Tackling interoperability is critical.

For nearly all business entities, the ability to fully connect up the organization across people, processes, design, structures and strategies is always a work-in-progress, never worked upon to the fullest extent and rarely achieved without the most radical transformation.

I come up against the barriers to change caught up consistently in this lack of interoperability. So I have to bring it into this exploring ecosystem and platform designs posting views.

What do we miss in not having that connectivity? Recognizing silos of unconnected knowledge needs changing; we need to leverage all of our diversity and expertise. Do you really know your capabilities, competencies and capacities?
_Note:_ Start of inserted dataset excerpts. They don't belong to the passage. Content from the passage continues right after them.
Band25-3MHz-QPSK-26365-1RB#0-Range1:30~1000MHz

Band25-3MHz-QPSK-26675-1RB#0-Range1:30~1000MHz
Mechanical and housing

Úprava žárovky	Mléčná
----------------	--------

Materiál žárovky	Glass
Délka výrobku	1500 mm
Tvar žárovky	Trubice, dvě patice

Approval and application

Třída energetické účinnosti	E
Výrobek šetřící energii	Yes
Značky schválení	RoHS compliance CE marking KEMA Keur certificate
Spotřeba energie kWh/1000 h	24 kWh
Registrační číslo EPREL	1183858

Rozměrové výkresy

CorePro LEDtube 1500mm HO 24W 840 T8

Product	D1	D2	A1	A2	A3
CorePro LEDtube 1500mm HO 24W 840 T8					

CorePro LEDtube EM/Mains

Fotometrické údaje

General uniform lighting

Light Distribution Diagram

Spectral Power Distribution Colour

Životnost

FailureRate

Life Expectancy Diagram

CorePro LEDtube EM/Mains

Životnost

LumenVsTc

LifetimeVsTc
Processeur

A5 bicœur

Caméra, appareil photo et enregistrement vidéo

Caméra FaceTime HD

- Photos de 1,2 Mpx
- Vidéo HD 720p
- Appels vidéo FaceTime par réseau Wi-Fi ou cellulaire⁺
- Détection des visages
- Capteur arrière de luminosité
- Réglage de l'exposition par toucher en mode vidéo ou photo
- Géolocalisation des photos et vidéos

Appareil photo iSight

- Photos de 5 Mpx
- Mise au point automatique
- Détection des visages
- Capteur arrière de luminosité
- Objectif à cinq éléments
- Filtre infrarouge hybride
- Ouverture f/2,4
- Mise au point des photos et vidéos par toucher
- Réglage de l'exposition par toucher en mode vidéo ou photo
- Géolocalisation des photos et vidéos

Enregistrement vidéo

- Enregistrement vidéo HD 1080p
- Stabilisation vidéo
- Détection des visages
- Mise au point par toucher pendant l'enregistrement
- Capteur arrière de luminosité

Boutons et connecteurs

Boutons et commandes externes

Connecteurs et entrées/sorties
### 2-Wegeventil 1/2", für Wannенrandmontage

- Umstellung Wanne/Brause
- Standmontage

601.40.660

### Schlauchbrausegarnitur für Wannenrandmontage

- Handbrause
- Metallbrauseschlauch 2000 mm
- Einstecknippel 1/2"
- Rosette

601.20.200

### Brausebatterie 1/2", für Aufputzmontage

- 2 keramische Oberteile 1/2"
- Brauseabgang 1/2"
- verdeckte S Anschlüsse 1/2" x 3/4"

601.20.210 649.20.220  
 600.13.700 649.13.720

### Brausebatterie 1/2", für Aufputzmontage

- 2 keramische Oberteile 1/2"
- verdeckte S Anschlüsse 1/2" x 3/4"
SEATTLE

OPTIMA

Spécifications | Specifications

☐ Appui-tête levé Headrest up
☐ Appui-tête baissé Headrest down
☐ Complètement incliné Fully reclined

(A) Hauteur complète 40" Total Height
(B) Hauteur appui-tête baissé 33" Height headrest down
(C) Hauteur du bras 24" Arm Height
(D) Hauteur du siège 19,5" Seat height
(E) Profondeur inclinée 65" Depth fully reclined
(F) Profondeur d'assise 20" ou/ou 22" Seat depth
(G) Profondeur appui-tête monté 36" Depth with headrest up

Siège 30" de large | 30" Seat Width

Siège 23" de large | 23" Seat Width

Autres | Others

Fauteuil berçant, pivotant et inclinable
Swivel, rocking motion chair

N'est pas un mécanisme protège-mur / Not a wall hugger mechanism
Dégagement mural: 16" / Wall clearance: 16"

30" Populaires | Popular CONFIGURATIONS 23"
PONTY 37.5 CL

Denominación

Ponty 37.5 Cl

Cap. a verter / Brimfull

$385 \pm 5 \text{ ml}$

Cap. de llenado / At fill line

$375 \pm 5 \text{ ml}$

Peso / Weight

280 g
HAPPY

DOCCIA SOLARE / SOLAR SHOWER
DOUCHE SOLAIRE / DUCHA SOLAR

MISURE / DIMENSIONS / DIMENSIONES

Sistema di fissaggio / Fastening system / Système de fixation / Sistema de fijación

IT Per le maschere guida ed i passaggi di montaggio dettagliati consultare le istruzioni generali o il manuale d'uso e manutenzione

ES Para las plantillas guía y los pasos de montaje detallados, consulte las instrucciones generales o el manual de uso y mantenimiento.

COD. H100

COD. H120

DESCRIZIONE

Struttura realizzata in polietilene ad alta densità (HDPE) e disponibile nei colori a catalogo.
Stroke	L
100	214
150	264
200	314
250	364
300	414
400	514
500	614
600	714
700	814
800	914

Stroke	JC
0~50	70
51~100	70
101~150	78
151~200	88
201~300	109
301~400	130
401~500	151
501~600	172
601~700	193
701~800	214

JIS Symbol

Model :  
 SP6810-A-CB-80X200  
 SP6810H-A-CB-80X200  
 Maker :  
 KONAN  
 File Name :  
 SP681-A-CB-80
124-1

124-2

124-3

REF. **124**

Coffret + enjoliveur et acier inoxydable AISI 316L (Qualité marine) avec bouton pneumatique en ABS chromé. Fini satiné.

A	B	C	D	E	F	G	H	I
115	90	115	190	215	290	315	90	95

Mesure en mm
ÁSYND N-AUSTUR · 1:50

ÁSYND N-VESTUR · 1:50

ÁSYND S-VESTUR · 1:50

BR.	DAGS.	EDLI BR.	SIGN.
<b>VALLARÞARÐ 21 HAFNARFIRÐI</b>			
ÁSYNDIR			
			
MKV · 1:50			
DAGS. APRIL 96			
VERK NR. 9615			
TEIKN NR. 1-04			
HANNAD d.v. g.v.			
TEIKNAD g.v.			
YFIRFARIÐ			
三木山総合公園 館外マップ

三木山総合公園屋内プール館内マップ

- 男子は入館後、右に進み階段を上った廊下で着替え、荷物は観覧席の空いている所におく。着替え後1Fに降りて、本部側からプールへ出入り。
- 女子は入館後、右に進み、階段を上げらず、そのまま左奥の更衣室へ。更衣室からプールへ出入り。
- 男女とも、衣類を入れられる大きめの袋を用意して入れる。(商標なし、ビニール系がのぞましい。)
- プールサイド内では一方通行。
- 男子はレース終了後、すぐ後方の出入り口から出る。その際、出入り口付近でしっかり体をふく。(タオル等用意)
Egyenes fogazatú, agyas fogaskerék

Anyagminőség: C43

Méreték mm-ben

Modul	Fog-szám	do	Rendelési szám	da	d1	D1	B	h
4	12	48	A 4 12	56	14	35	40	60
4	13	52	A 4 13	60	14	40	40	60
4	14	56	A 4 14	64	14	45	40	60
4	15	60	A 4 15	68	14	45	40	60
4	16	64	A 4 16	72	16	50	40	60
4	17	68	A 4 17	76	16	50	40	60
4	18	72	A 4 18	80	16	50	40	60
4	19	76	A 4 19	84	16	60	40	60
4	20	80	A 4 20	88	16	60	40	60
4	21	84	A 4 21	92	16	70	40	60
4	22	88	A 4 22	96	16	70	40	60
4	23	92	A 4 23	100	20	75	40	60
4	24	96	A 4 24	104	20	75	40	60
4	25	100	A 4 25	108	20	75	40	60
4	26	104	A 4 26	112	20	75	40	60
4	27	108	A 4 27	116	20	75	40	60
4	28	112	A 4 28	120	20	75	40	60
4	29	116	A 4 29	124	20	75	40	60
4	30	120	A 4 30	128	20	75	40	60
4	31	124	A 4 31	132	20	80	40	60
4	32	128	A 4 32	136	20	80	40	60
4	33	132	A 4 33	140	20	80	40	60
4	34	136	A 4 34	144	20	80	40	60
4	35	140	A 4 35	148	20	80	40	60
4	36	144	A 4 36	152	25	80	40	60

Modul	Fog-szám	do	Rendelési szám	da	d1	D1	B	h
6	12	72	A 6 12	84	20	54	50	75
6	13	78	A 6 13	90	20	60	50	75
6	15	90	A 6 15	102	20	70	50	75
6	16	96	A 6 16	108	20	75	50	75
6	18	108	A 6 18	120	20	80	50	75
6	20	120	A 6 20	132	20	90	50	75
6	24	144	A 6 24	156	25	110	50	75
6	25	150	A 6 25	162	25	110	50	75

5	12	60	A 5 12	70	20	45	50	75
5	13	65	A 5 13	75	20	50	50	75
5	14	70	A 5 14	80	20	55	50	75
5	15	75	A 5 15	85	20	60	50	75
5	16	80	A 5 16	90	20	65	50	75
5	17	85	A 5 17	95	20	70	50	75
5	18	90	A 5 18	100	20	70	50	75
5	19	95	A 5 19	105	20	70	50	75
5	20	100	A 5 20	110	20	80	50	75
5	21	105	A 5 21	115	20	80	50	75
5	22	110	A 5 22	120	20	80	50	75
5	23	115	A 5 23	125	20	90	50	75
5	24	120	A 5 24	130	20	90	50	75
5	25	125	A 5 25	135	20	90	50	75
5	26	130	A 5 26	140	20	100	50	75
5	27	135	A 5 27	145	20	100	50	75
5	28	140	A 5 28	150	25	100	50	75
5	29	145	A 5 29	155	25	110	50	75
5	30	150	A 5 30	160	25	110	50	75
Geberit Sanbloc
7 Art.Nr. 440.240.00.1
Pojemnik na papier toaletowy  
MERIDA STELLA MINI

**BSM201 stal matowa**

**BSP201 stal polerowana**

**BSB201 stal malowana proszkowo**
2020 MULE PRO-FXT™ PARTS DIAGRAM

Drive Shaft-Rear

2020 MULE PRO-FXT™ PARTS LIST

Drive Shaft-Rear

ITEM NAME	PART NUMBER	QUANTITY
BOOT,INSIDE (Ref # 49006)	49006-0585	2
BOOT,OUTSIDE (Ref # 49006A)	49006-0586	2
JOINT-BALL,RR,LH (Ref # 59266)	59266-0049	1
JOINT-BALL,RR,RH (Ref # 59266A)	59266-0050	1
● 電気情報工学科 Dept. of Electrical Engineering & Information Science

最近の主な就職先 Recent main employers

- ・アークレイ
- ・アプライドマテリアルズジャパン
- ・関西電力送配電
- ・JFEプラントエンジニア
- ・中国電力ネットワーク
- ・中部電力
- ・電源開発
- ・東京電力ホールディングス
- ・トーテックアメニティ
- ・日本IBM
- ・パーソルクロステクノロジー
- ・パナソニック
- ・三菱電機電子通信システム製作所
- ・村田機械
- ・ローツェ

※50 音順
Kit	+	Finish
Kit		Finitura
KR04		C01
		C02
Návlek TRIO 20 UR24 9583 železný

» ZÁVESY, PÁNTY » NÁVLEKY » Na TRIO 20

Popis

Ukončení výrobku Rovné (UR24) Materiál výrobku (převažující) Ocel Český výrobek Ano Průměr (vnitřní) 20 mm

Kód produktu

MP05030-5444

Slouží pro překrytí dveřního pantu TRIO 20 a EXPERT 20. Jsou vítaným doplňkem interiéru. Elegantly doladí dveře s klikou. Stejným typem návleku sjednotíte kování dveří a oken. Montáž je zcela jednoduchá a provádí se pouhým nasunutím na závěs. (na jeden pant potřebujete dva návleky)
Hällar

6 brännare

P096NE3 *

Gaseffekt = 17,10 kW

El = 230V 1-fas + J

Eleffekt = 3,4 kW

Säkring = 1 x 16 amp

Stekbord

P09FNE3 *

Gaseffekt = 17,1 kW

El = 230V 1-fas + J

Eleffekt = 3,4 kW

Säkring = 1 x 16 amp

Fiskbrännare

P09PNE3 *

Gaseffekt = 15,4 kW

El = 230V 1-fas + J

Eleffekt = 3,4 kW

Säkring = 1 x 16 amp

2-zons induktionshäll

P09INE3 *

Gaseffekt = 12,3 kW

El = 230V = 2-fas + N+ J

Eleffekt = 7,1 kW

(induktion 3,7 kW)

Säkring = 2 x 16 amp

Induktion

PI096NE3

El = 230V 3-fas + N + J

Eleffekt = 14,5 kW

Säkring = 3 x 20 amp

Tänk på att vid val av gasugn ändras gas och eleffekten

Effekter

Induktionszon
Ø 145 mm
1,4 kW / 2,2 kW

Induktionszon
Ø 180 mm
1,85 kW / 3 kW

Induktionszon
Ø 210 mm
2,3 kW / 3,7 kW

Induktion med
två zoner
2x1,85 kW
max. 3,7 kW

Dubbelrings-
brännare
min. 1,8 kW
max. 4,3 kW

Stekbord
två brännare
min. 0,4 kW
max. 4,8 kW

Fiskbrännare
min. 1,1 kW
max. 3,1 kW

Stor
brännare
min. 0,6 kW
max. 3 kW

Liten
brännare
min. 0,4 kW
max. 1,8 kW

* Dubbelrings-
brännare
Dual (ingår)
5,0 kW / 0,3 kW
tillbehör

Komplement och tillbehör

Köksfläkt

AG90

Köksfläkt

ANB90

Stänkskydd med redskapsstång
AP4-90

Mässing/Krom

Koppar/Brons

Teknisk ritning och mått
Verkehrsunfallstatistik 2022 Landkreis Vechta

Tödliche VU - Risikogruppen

  1. Focusing on making technology work across organizations, internally and externally, with partners that share a common purpose. Our need is to find new growth engines and, more, sustaining. business value. it is our understanding to make exchanges work to enable creativity, and we need technology across processes to talk to each other- called interoperability.
  2. Uncertainty, fear of the unknown, reluctance to share and partner, or to mutually “pool” intellectual property or our research know-how in a shared collaborative effort is hard. We often hold onto our knowledge as our “source of power”, this we need to let go of and embrace a new way of believing, trusting and collaborating. We will gain far more than we lose.
  3. We must ask the important questions and fully recognize the answer to “what do we do well? How can we leverage and build out from this?” Are we investing enough time in networking, exchanging insights or building relationships? Knowing our core capabilities, competencies, and capacities is essential.

Let’s tackle one tough one- interoperability makes or breaks much of what we struggle to do -exchange knowledge.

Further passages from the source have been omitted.